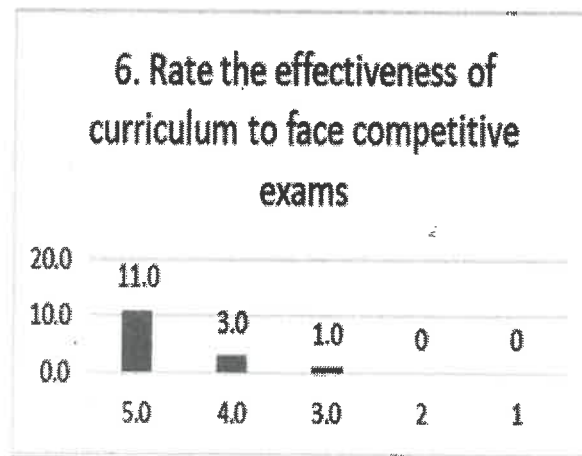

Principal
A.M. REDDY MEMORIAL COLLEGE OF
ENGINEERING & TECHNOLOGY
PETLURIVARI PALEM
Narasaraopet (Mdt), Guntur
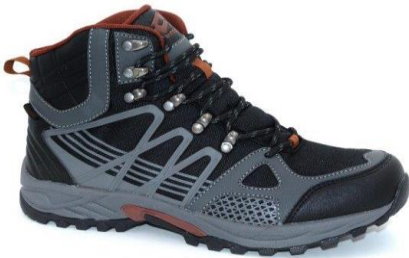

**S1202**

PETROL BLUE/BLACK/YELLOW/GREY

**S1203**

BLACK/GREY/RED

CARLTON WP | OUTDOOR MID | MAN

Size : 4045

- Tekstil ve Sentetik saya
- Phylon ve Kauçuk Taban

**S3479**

*TASK GOAL*
Pull out every line of the records that includes the string "GREY".

*PROBLEM SOLUTION*
PETROL BLUE/BLACK/YELLOW/GREY
BLACK/GREY/RED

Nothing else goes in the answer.